++++ RAW DATA

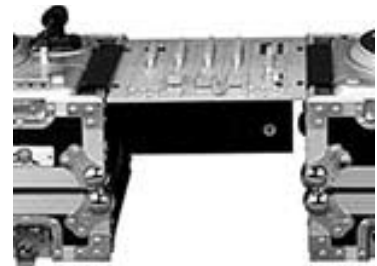

rrc-rrmw

Prijs: 82,50 €

RRLAPT1 **NIEUW!**

De nieuwe laptop tray is er nog beter op geworden: steviger constructie, instelbare hoek en speciale tray voor je Serato of Traktor interface. Universele afstelbare CD-speler/laptop tray, past op elke Road Ready DJ Coffin en praktisch elke mixer case.

rrc-rrlapt1

Prijs: 105,00 €

RRCF4

19" Rack paneel van 2U met 4 ingebouwde ventilators, kantelbaar. Zorgen voor de nodige koeling in uw versterkerrack of discobar. (1U = 1 unit = 44,45 mm)

rrc-rrcf4

Prijs: 78,00 €

RRBB

Battle bridge, met montage hardware: wordt gebruikt om een mixer (met rack ears) tussen 2 flightcases te monteren.

rrc-rrbb

Prijs: 13,50 €

RR12BB

Afstelbaar battle bridge voor 10" tot 12" mixers zonder rack ears. De mixer wordt gewoon bovenop geplaatst.

rrc-rr12bb

Prijs: 34,50 €

CC

Universeel koffertje voor pickup naalden, de binnenkant is bekleed met pick & fit schuim, die zelf naar wens kan gemodelleerd worden. Een stuk pick & fit schuim kan eveneens apart verkregen worden.

rrc-cc

Prijs: 23,40 €

rrc-ccf (reserve stuk mousse)

Prijs: 7,50 €

	Deksel	Onderkant
Buitenmaat	131 x 131 x 29 mm	131 x 131 x 29 mm
Binnenmaat	122 x 122 x 25 mm	122 x 122 x 25 mm

RRCUBE

Set van 4 rubber kubussen die kunnen zorgen voor akoestische suspensie (vangen trillingen op) bij turntables.

rrc-rrcube

Prijs: 16,50 €

- 22 -
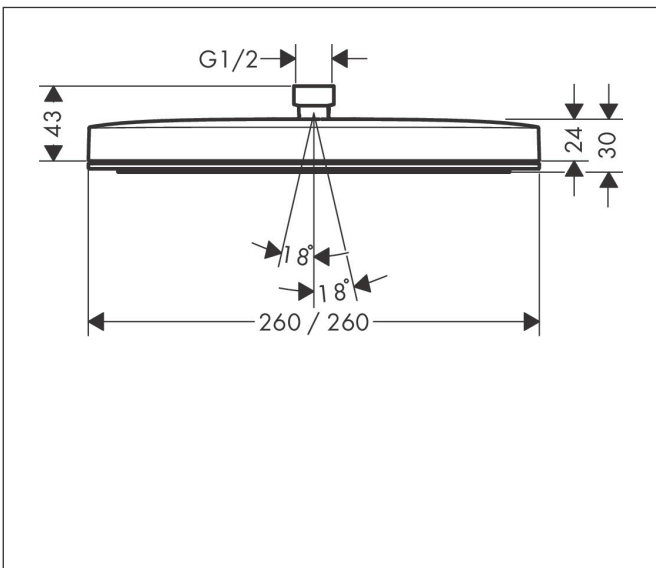

Merk hansgrohe  
 Artikelnaam **Pulsify E** Hoofddouche 260 1jet EcoSmart  
 Art.nr. 24331000  
 Oppervlakte chroom  
 Netto prijs 296,50 EUR

## Maat tekeningen

## Kenmerken

- diameter straalplaat 260 x 260 mm
- PowderRain
- doorstroomhoeveelheid PowderRain-straal bij 3 bar: 8,4 l/min
- functie van: 7 l/min
- maximale doorstroomhoeveelheid bij 3 bar: 8,4 l/min
- Snelle afvoer laat de hoofddouche leeglopen wanneer deze 10° of meer gekanteld is.
- afdekplaat van kunststof
- oppervlak straalplaat: grafiet
- EcoSmart: Veel waterplezier met veel minder water
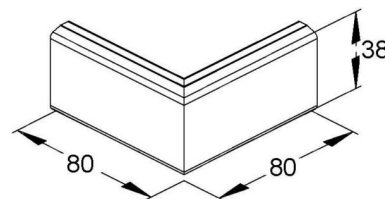

Cover for outside corner wall duct 38 mm Inner lying GAEG 38 N

Allgemeine Informationen

Products_Model	ET5204660
EAN	4013339853007
Producer	Niadax
Producer-Model	GAEG 38 N
Producer-Typ	GAEG 38 N
min. Order	
Class	Oberteil für Außeneck Geräteinbaukanal

Technische Informationen

Breite	38mm
Montageart der Oberteile	
Werkstoff	
Werkstoffgüte	
Halogenfrei	
Oberfläche	
Farbe	
Schutzfolie	

[Cover for outside corner wall duct 38 mm Inner lying GAEG 38 N online kaufen](#)
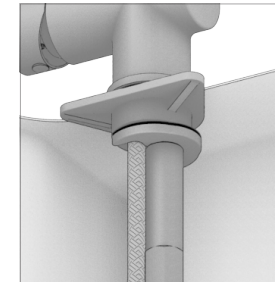

Istruzioni di montaggio
Installation instructions
Montageanleitung
Instructions de montage
Руководство по монтажу
Керівництво по монтажу

A

B

C

Cura del prodotto / Product care

Water	Alcohol	Microfiber	Detergent	Sponge
				YES NO

⚠ L'impiego di prodotti non consigliati può deteriorare irrimediabilmente le superfici. Emmevi Rubinetterie S.r.l. non risponderà del danno.

Incorrect cleaning may permanently ruin the surface of the products. Emmevi Rubinetterie S.r.l. may not be held liable for damage.

Emmevi Rubinetterie S.r.l.

Via Brughiere, 38 - 28017 San Maurizio d'Opaglio
(NO) Italy

Tel. +39 0322 950157
Fax +39 0322 967531

info@emmevi.it
www.emmevi.it
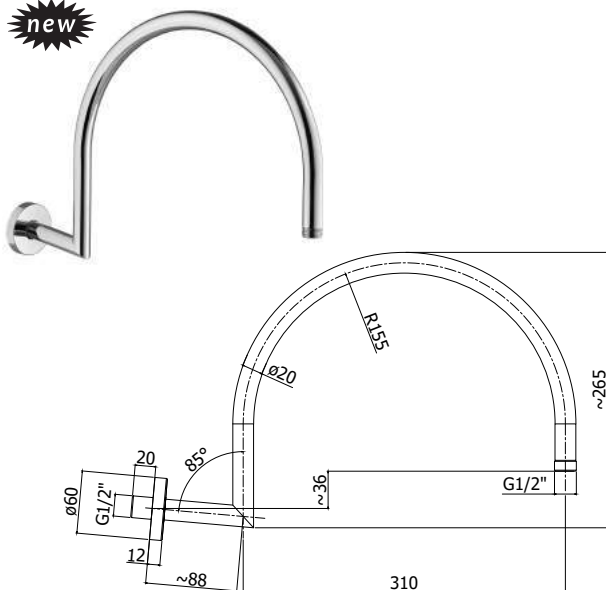

douches de tête - hoofddouches

new

ZSOF 133..

Bras de douche ARCO 1/2" avec rosace
Douchearm ARCO 1/2" met rozet

Finition - Afwerking

CR 264,00
NO 353,00

ZSOF 038..

Bras de douche avec rosace
Douchearm met rozet

Finition - Afwerking

CR 61,00
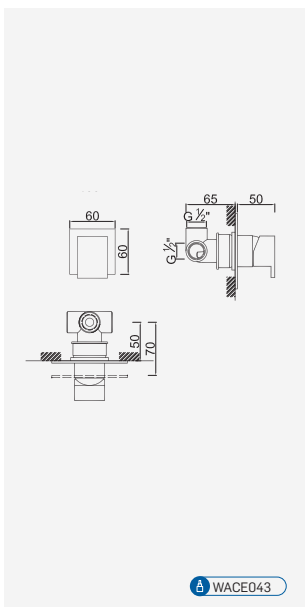

A WACE043

Válvula de Embutir com 1 Saída

Válvula de Empotrar con 1 Salida
Concealed Shower Valve 1 Way
Mitigeur Mécanique à Encastrear 1 Fonction

Cromado . Chrome	WTREVI006	96,09 €
Satingrey	WTREVI006SG	129,73 €
Moonlight Black	WTREVI006MB	129,73 €
Brushed Black	WTREVI006BL	172,97 €
Shine Black	WTREVI006BA	172,97 €
Shine Chocolate	WTREVI006CA	172,97 €
Shine Gold	WTREVI006GL	172,97 €
Shine Copper	WTREVI006DA	172,97 €
Shine Hard Graphite	WTREVI006A0	172,97 €
Brushed Chocolate	WTREVI006CL	172,97 €
Brushed Gold	WTREVI006GN	172,97 €
Brushed Copper	WTREVI006DL	172,97 €
Brushed Hard Graphite	WTREVI006AL	172,97 €
Brushed White Gold	WTREVI006WL	172,97 €
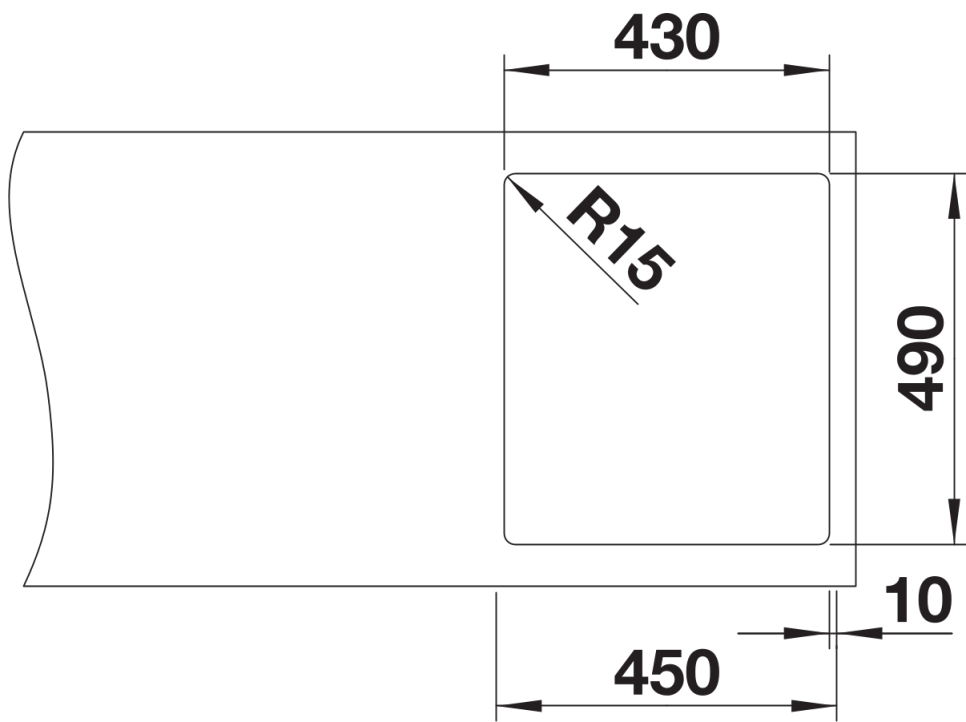

Scheda tecnica del prodotto ANDANO 400-IF/A

N. articolo 525244

Vantaggi

- Esclusiva composizione di elementi funzionali ed estetici
- L'armoniosa interazione tra i raggi delle vasche e il design della superficie crea un lavello dal look moderno
- Elegante area di lavaggio con fascia-miscelatore integrata
- Vasca grande e capiente per un ottimale utilizzo della base sottolavello
- Eleganti accessori disponibili come optional

Dotazione

vasca con piletta da 3 ½", sifone, tappo a cestello saltarello con comando in materiale sintetico cromato

Dettagli

Vista superiore

Foratur

Vista frontale

Vista laterale
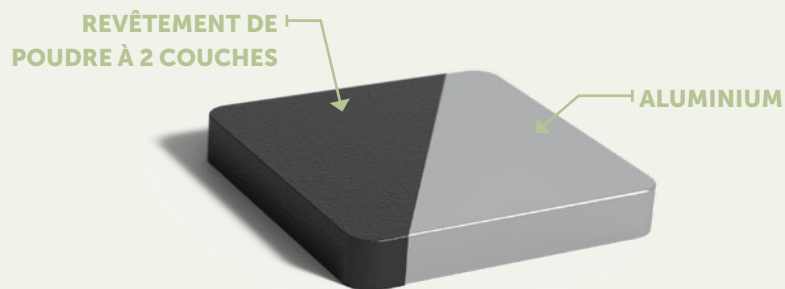

ADEZZ

DESIGN TO GROW

Mobilier de jardin aluminium

Matériau aluminium

Une fois le meuble produit, il est recouvert d'un revêtement en poudre avec un apprêt adhésif puissant. Ensuite, nous appliquons un revêtement de couleur résistant aux rayures. Ce revêtement est disponible dans un certain nombre de couleurs RAL standard.
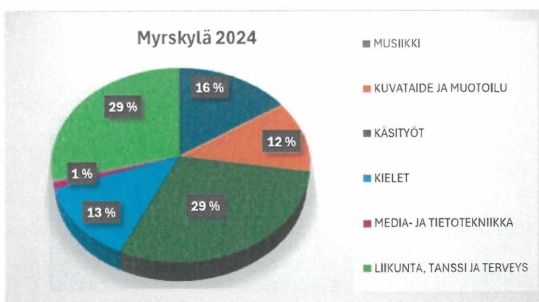

KALENTERIVUODEN TOTEUTUNEET OPETUSTUNNIT PÄÄLUOKITTAIN 2024 (alustava)

NETTO-OPISKELIJAT PÄÄASIAALLISEN TOIMINNAN MUKAAN KALETERIVUONNA 2024 (alustava)

Netto-opiskelijat koulutustaustan mukaan kalenterivuonna 2024

Netto-opiskelijat ikäryhmittäin kalenterivuonna 2024 (alustava)

Kalenterivuoden 2024 kurssilaiset pääluokittain (alustava)

Kalenterivuodet 2022, 2023 ja 2024

Koulujen kerhotoiminta

Miehet ja naiset

Digineuvonta

++++++++

Would you please reproduce the entries above, starting at the line with "Via Brughiere, 38" and stopping after the line with "- Esclusiva composizione"? Omit any pictures.

Via Brughiere, 38 - 28017 San Maurizio d'Opaglio
(NO) Italy

Tel. +39 0322 950157
Fax +39 0322 967531

info@emmevi.it
www.emmevi.it

douches de tête - hoofddouches

new

ZSOF 133..

Bras de douche ARCO 1/2" avec rosace
Douchearm ARCO 1/2" met rozet

Finition - Afwerking

CR 264,00
NO 353,00

ZSOF 038..

Bras de douche avec rosace
Douchearm met rozet

Finition - Afwerking

CR 61,00

A WACE043

Válvula de Embutir com 1 Saída

Válvula de Empotrar con 1 Salida
Concealed Shower Valve 1 Way
Mitigeur Mécanique à Encastrear 1 Fonction

Cromado . Chrome	WTREVI006	96,09 €
Satingrey	WTREVI006SG	129,73 €
Moonlight Black	WTREVI006MB	129,73 €
Brushed Black	WTREVI006BL	172,97 €
Shine Black	WTREVI006BA	172,97 €
Shine Chocolate	WTREVI006CA	172,97 €
Shine Gold	WTREVI006GL	172,97 €
Shine Copper	WTREVI006DA	172,97 €
Shine Hard Graphite	WTREVI006A0	172,97 €
Brushed Chocolate	WTREVI006CL	172,97 €
Brushed Gold	WTREVI006GN	172,97 €
Brushed Copper	WTREVI006DL	172,97 €
Brushed Hard Graphite	WTREVI006AL	172,97 €
Brushed White Gold	WTREVI006WL	172,97 €

Scheda tecnica del prodotto ANDANO 400-IF/A

N. articolo 525244

Vantaggi

- Esclusiva composizione di elementi funzionali ed estetici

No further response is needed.